→ **Task to complete**:
In the entries below, find each line with the string "silver" and copy it.

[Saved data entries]
--- START ---
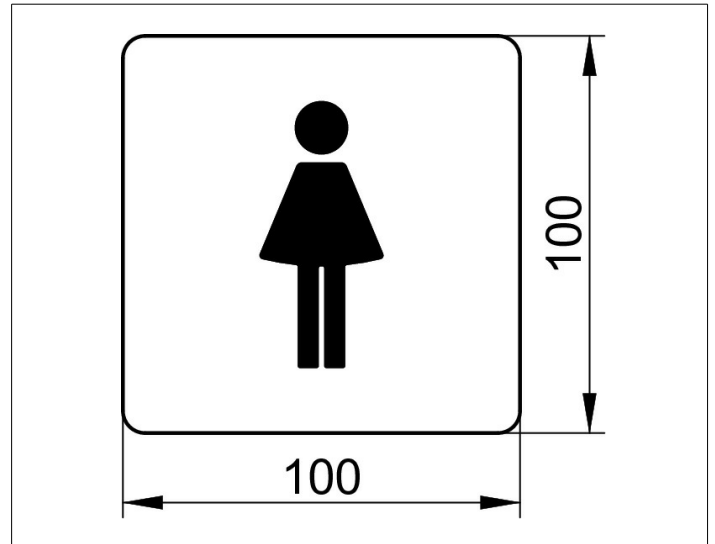

Plan
14966170000 Doorplate

PRODUCT

DRAWING

PRODUCT ATTRIBUTES

Symbol Ladies

SURFACE

aluminium silver anodized (E6 EV1)

SPECIFICATIONS

KEUCO PLAN doorplate, symbol ladies, 14966170000
aluminum silver anodized (E6 EV1) doorplate with the symbol LADIES
in a square base with rounded corners
Measurements: 100 x 100 mm
--- END ---
→ **Response area**:
aluminium silver anodized (E6 EV1)
aluminum silver anodized (E6 EV1) doorplate with the symbol LADIES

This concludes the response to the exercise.